The effect of string bed properties on ball spin was investigated in recent researches [1,2,3,4,5,6]. Allen et al. (2010) showed that reducing ball/string friction can increase rebound spin by a computational model [1]. Haake et al. (2012) showed that rebound spin was dependent on inter-string friction experimentally [5]. Nicolaides et al. (2013) investigated the effect of string bed pattern on ball spin [6]. In these researches, they found that rebound spin decreased with the number of cross strings. Washida et al. (2014) showed measured data about relationships between number of cross strings and rebound spin [7].

In this paper, an original numerical simulation program of finite element method for string bed in tennis rackets are described. The simulation program was coded by the Fortran Language in UNIX system. For numerical modeling, simple beam elements which represent tensile load were applied to the modeling of orthogonal main and cross strings. Nominal force at each intersection of strings was calculated and the Coulomb friction model was applied with an elastic-plastic constitutive model to represent the in-plane slide of strings. The validity of the developed code is investigated through comparison with the experimental results of string beds in rectangular aluminum jigs. Simulated results of a tennis racket are shown to represent the applicability of the developed code.

2. Materials and Methods

The 3-dimensional Cartesian coordinate system was applied to string beds in this study. The positional relationship of the coordinates is shown in Figure 1. In preparation for the computational simulation, nodes for finite element analysis were prepared at all intersections of the main and cross strings. Also, additional nodes were prepared at grommets and their displacement was constrained. Beam elements (In Figure 2) are applied between nodes to represent the tennis strings. Tension of cross and main strings $T_x^{}$ and and $T_y^{}$ were assumed to be constant in this study. Forces at i^th and j^th nodes in z-direction are given by following equations:

$$f_z^{\left(i\right)}=\alpha \frac{T}{{\overline{L}}^{\left(i,j\right)}}\left(u_z^{\left(i\right)}-u_z^{\left(j\right)}\right), f_z^{\left(j\right)}=\alpha \frac{T}{{\overline{L}}^{\left(i,j\right)}}\left(u_z^{\left(j\right)}-u_z^{\left(i\right)}\right)$$

(1)

Figure 1. Coordination system for this research.

Figure 2. Deformation of string element in out-of-plane direction of string bed.
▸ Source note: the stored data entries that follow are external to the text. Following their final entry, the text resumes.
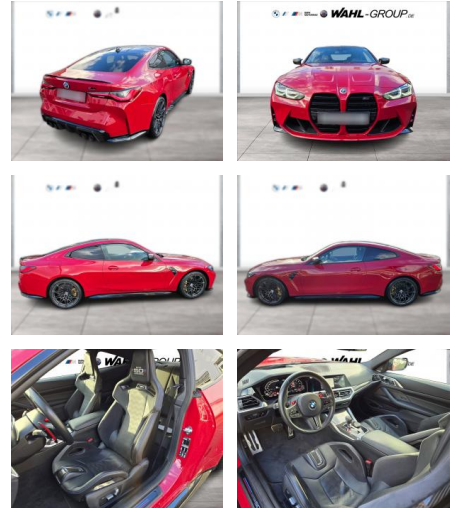

WG03-241501 Angebotsnr.:

Erstzulassung:	Kilometer:	Farbe:	Leistung:	Kraftstoffart:
01.11.2022	20.700	Rot	375 kW / 510 PS	Benzin

PREIS
87.910 €

FINANZIERUNGSBEISPIEL

Laufzeit: 72 Monate Anzahlung: 25 %
Basis-Finanzierung:* Mtl. Rate:
Zielraten-Finanzierung:** **558 €**
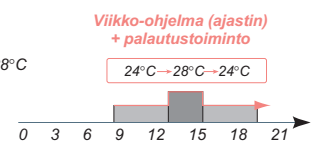

- Ryhmäohjain (jatkoa edelliselle mallille)
- Kauko-ohjauksen kieltö (uusi toiminto)
- Kaksi kauko-ohjainta (valinnainen) (uudistettu toiminto)
- Automaattinen uudelleenkäynnistys (jatkoa edelliselle mallille)
- Energiansäästö (jatkoa edelliselle mallille)
- Lämmityksen/jäähdytyksen automaattinen muuttaminen (jatkoa edelliselle mallille)
- Lämmityksen viivästystoiminto (jatkoa edelliselle mallille)

Viikko-ohjelma (ajastin)

(jatkoa edelliselle mallille)

Pylväsnäyttö helpottaa käyttöasetusten valvomista. Virta voidaan kytkeä päälle/pois päältä (ON/OFF) jopa ajoituksen aikana. Lisääntynyt käyttöjoustavuus.

Esimerkki:

Viikko-ohjelma (ajastin) käynnistää laitteen 08.00 ja pysähtyy automaattisesti 10.00.

Kaikkia asetettuja toimintoja voidaan muuttaa manuaalisesti kauko-ohjaimella.

Näytöllä on luettelo ohjelmoiduista asetuksista.
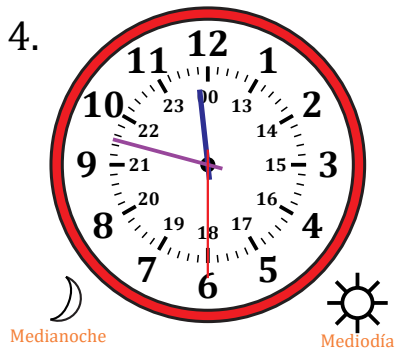

# Leer la Hora en Relojes Analógicos (I)

Nombre: \_\_\_\_\_

Fecha: \_\_\_\_\_

Lea cada hora y escríbala en el espacio debajo del reloj.

# Leer la Hora en Relojes Analógicos (I) Respuestas

Nombre: \_\_\_\_\_

Fecha: \_\_\_\_\_

Lea cada hora y escríbala en el espacio debajo del reloj.

Here, i and j indicate respective node numbers. $u_z^{\left(i\right)}$ is displacement in the z direction of the i^th node. $T$ in Equation (1) corresponds to $T_x$ for horizontal strings and $T_y$ for vertical strings. ${\overline{L}}^{\left(i,j\right)}$ is the length between i^th and j^th nodes, which was updated at every step of the simulation. Length of strings ${\overline{L}}^{\left(i,j\right)}$ was calculated with ${\overline{L}}^{\left(i,j\right)}=L^{\left(i,j\right)}-u_x^{\left(i\right)}+u_x^{\left(j\right)}$ for cross strings and ${\overline{L}}^{\left(i,j\right)}=L^{\left(i,j\right)}-u_y^{\left(i\right)}+u_y^{\left(j\right)}$ for main strings. $\alpha$ is the adjusting coefficient of out-of-plane stiffness. The coefficient $\alpha$ is provided because there are strings that contribute to the out-of-plane stiffness and strings that do not. In Figure 2, it can be seen that strings at the intersecting points of the main and cross strings were located above or below the other strings. It is suggested that the strings at the j^th node did not make a strong contribution to out-of-plane stiffness because they were compressed when vertical downward force was applied to the j^th node. Conversely, strings at the i^th node made a strong contribution to out-of-plane stiffness because they stretched when vertical downward force was applied to the i^th node.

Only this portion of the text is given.